DATASET ENTRIES Start Marker

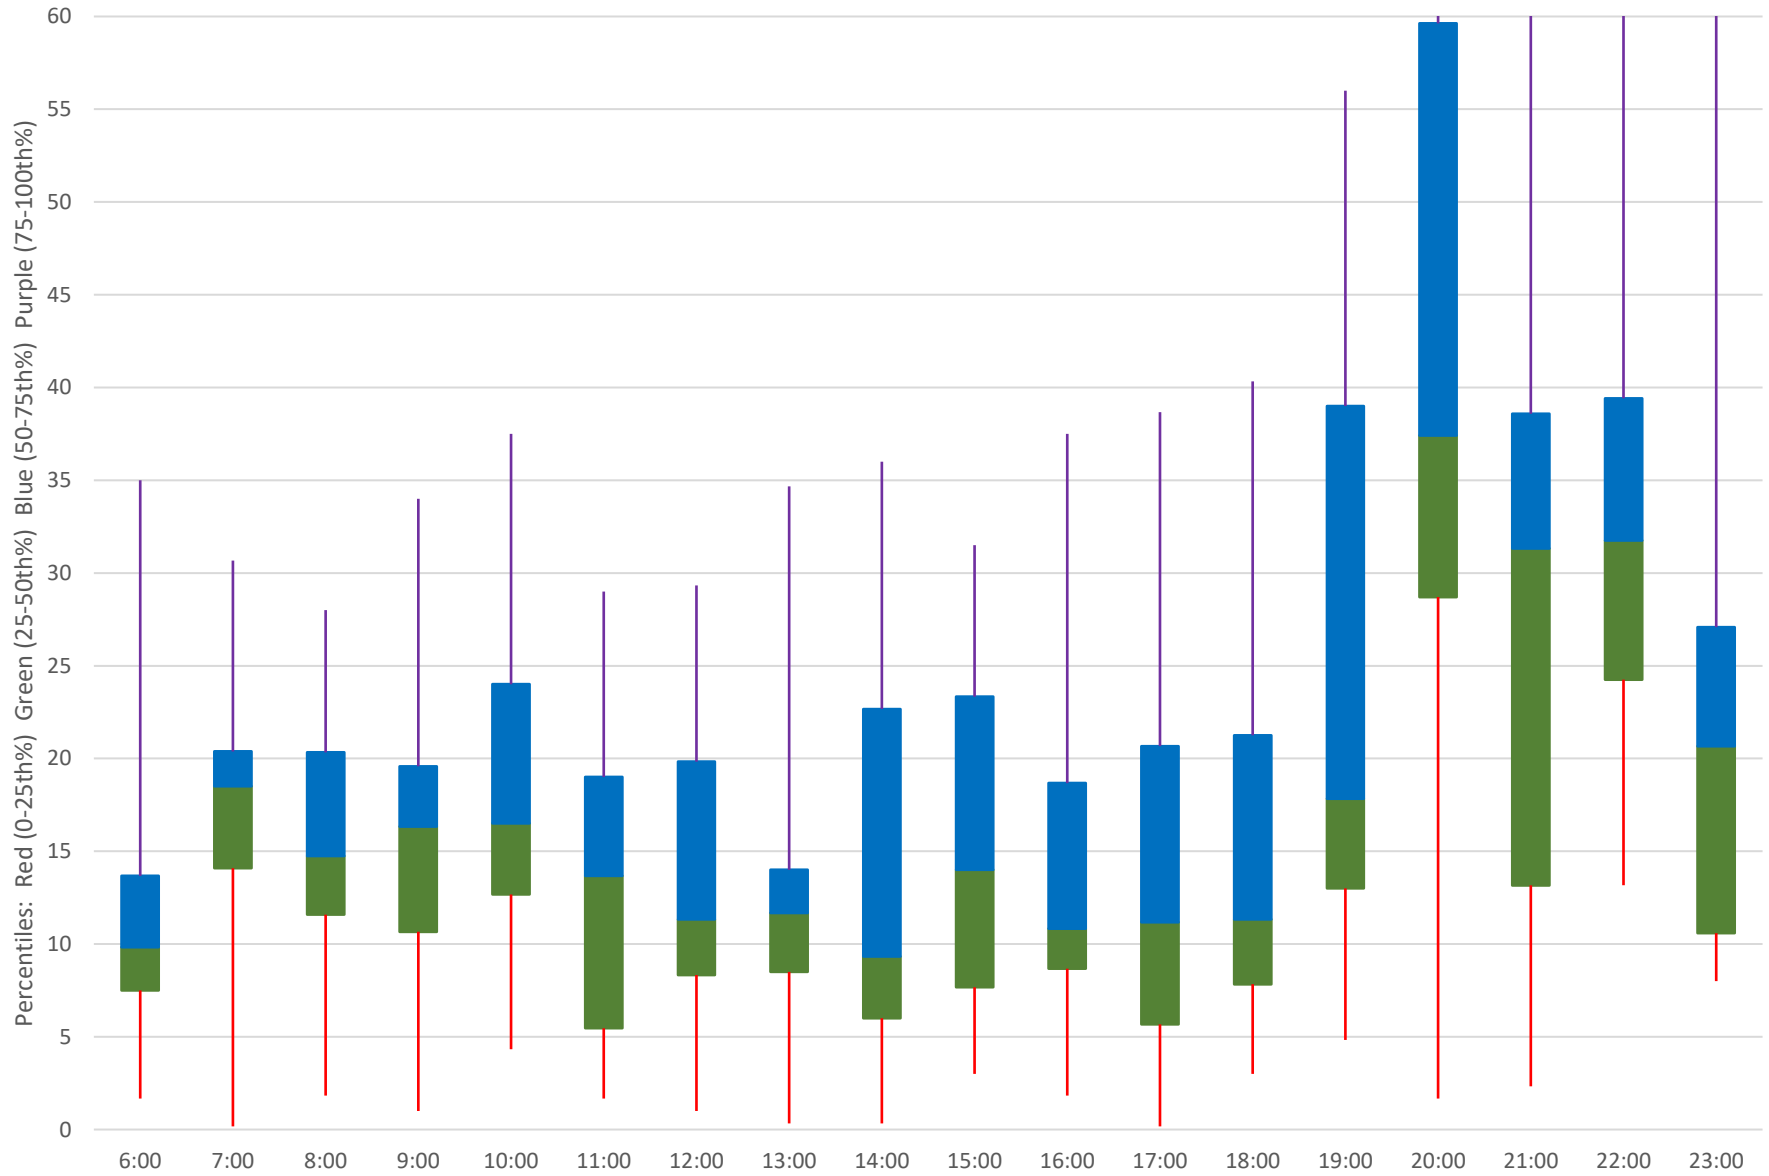

75 Sherbourne Headways at Front Northbound September 2021

Quartiles Week 5

75 Sherbourne Headways at Front Northbound September 2021 Saturday Statistics

75 Sherbourne Headways at Front Northbound September 2021

75 Sherbourne Headways at Front Northbound September 2021

Quartiles Saturdays

75 Sherbourne Headways at Front Northbound September 2021 Sunday Statistics

75 Sherbourne Headways at Front Northbound September 2021

75 Sherbourne Headways at Front Northbound September 2021

Quartiles Sundays/Holidays

DATASET ENTRIES End Marker

> **TASK TO COMPLETE**
Give the number, and nothing else, of lines in the listing above that include the word "Statistics".

> **ANSWER BOX**
2